A separate judicial phase looms on injunctive relief, potentially mandating algorithm audits or age-verification overhauls.
Section 230 and Liability Shift
Section 230(c)(1) traditionally immunizes platforms from third-party content liability. New Mexico sidestepped via consumer protection statutes targeting Meta’s own statements and designs. Verdict echoes 2025 Texas ruling against TikTok, signaling courts’ willingness to carve exceptions for youth harms.
Legal scholars predict erosion: states like California and New York prep similar suits. Meta vows appeal to federal circuits, arguing state overreach.
Broader 2026 Lawsuits
This trial pioneers 50+ state AG actions post-2023 bipartisan outrage. California’s federal jury deliberates Meta/YouTube parental suits; Tennessee enforces age limits via KOSA-like laws. Federal Kids Online Safety Act stalls in Senate amid free speech fights.
Outcomes cascade: Snapchat faces Texas predation claims; ByteDance’s TikTok ban pressures child features.
Meta’s Response
CEO Mark Zuckerberg called the verdict “misguided,” pledging appeals while touting teen protections: default private accounts, nudity blockers, and suicide report tools. Platforms already limit minors’ DMs from adults and cap addictive reels. Spokeswoman urged legislative clarity over “hindsight lawsuits.”
Stock dipped 2% post-verdict; analysts eye $500 million reserves for copycats.
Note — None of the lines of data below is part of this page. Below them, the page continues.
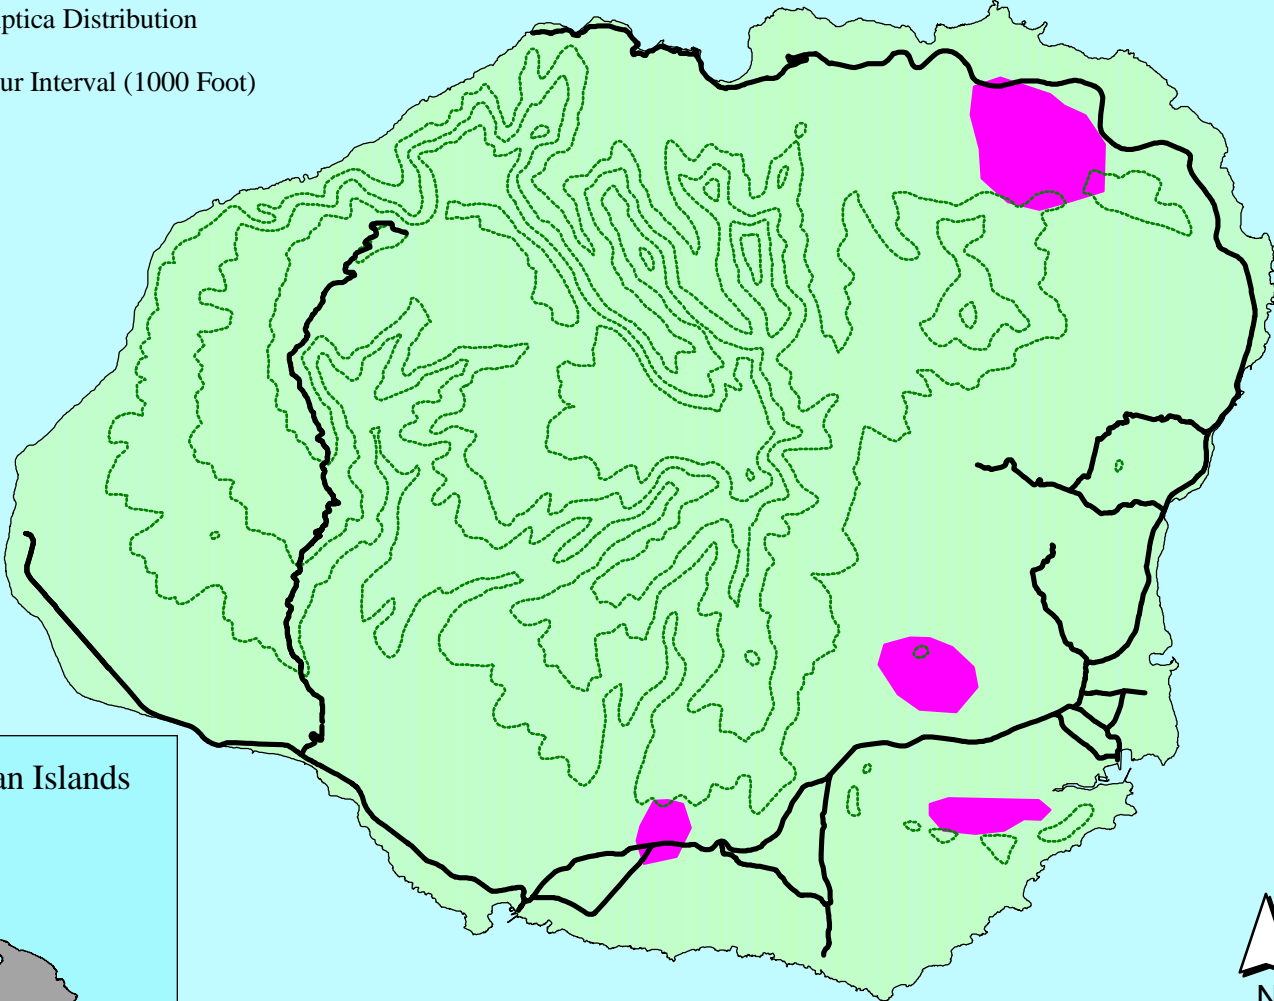

# *Ardisia elliptica* Estimated Distribution on Kauai (Oct. 1995)

Highways

*A. elliptica* Distribution

Contour Interval (1000 Foot)

Prepared by the Hawaii  
Ecosystems at Risk Project (11/96)

Key Statistics and Data Tables
New Mexico user impacts:
| Platform | Under-18 Users | Violations Counted | Max Penalty Sought |
|---|---|---|---|
| 150,000 | 208,700 total | $1.04B | |
| 58,700 | $1.04B | ||
| Total | 208,700 | $2.08B |
Verdict breakdown:
| Violation | Finding | Penalty Portion |
|---|---|---|
| Deceptive Safety Claims | Liable | $200M |
| Mental Health Harms | Liable | $175M |
| Total | $375M |
National litigation pipeline:
| State | Target Platforms | Status |
|---|---|---|
| New Mexico | Meta | Verdict: $375M |
| California | Meta/YouTube | Jury deliberating |
| Texas | TikTok/Snap | Trial June 2026 |
| Multi-state | All majors | Discovery phase |
Meta safety investments (2025):
| Category | Spend ($B) | Actions Taken |
|---|---|---|
| AI Moderation | 3.5 | 99% CSAM blocks |
| Teen Tools | 1.2 | DM limits |
| Reporting | 0.3 | 24/7 teams |
Industry and Policy Ramifications
Verdict accelerates Section 230 reforms: bills mandate default minor protections, algorithm transparency. Platforms face audit mandates; advertisers eye boycotts. Meta accelerates EU-compliant features stateside.
Experts predict $10B+ industry penalties by 2028, spurring self-regulation or consolidation.
Global Context
Australia’s 2025 Online Safety Act fines platforms for harms; UK’s Age Assurance mandates verification. EU’s DSA enforces risk assessments; Brazil probes similar suits. U.S. lags but accelerates post-verdict.
Conclusion
New Mexico’s $375 million hammer shatters Meta’s impunity facade, validating fears of algorithm-fueled child harms. As copycat cases proliferate, 2026 redefines social media liability—profits yield to protections in the courts of law and public opinion.

Abhinav Jain is a legal researcher and writer passionate about simplifying complex laws for everyday readers. With a keen interest in Indian constitutional, civil, and digital laws, he focuses on creating accessible, well-researched articles that promote legal awareness among students, professionals, and citizens alike.